Fionn bekommt einen Hustenanfall, der im ganzen Zimmer widerhallt. Lachlan und ich sehen zu, wie er orangefarbene Stückchen in seine Hand hustet.
»Was? Ein ganzes verdammtes Jahr? Und wieso erfahre ich das erst jetzt?«
»Weil du mit deinem Arsch in irgendeinem Provinzkaff gesteckt hast, um den Landarzt zu spielen, deshalb«, lacht Lachlan. »Kehr nach Boston zurück, Fionn. Hör auf, dich in deiner kitschigen Vorstellung vom Ärztedasein zu suhlen, und komm nach Hause, um echte Medizin zu praktizieren.«
»Wichser« , sagen Fionn und ich wie aus einem Mund.
Lachlan grinst, stellt sein Glas auf dem Tischchen ab, holt ein Springmesser mit Perlmuttgriff aus der Tasche und lehnt sich zurück, um den Riemen seines extra für ihn angefertigten Abziehleders herauszuziehen. Er steckt seinen Mittelfinger durch den Metallring am Ende des Gürtels und zieht den Riemen straff, dann fängt er an, die Klinge des Messers zu schärfen. Das macht er schon seit unserer Kindheit, denn es beruhigt ihn. Auch wenn Lachlan Fionn und mich gern aufzieht, weiß ich doch, es stresst ihn, dass unser jüngerer Bruder nicht mehr in derselben Stadt lebt wie wir und dass ich jetzt auch noch losziehe, um ein irres Todesspielchen mit einer Serienmörderin zu spielen, die ich kaum kenne. »Nein, im Ernst«, sagt er, nachdem er die Klinge ein paar Mal über das Rindsleder gezogen hat. »Nebraska ist viel zu weit weg, Junge. Außerdem verpasst du da draußen all die hübschen Einzelheiten über Rowans nicht existentes, tragikomisches Liebesleben.«
»Das stimmt«, gibt Fionn zu. Er verschränkt die Arme, lehnt sich gegen die Kommode und senkt den Blick. Vermutlich wägt er die numerischen Werte von eingeweiht sein und nicht eingeweiht sein ab und errechnet damit die statistische Wahrscheinlichkeit auf Glück geteilt durch Pi.
Verdammter Nerd.
»Hast du sie schon gesehen?«, fragt er, als er aus seiner analytischen Trance erwacht, und schaut Lachlan direkt an, als wäre ich nicht mal da.

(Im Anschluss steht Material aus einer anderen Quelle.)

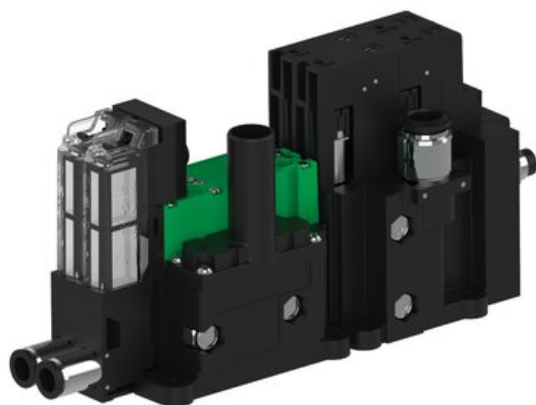

Eżektor piCOMPACT10X MICRO dod. wys, przepływ podciśnienia, podwójny, 2 kanały, złącze Ø8, NC próżnia i przedmuch, (PC.T.MC2.S.CBX.S16.2X.8.EC.CCPA) (9953170) - Piab

Numer artykułu SKU:
9953170

Numer artykułu producenta:

Czas wysyłki: Do 2-3 dni

OPIS PRODUKTU

DANE TECHNICZNE

Nr kat.

9953170

»Nur auf ein paar Fotos.« Lachlan trinkt einen Schluck und grinst, als er meinen finsteren Blick sieht. »Sie ist verdammt heiß. Hat eine entschieden dunkle Seite: Es gefällt ihr, ihren Opfern die Augen auszukratzen, wenn sie noch leben. Die Bullen nennen sie Augenfädler . Aber eigentlich heißt sie Sloane Sutherland.«
»Nimm ihren Namen nicht in den Mund«, knurre ich.
Daraufhin erfüllt Lachlans dröhnendes Gelächter den Raum. Er hebt die Hand mit dem Messer an seinen Mund, lacht aber ungeniert weiter. Der Klugscheißer will mir zweifellos klarmachen, dass von uns beiden er derjenige ist, der eine Waffe hat.
Hielte er keine rasiermesserscharfe Klinge in der Hand, würde ich ihm meine Faust in seine selbstzufriedene Fresse rammen.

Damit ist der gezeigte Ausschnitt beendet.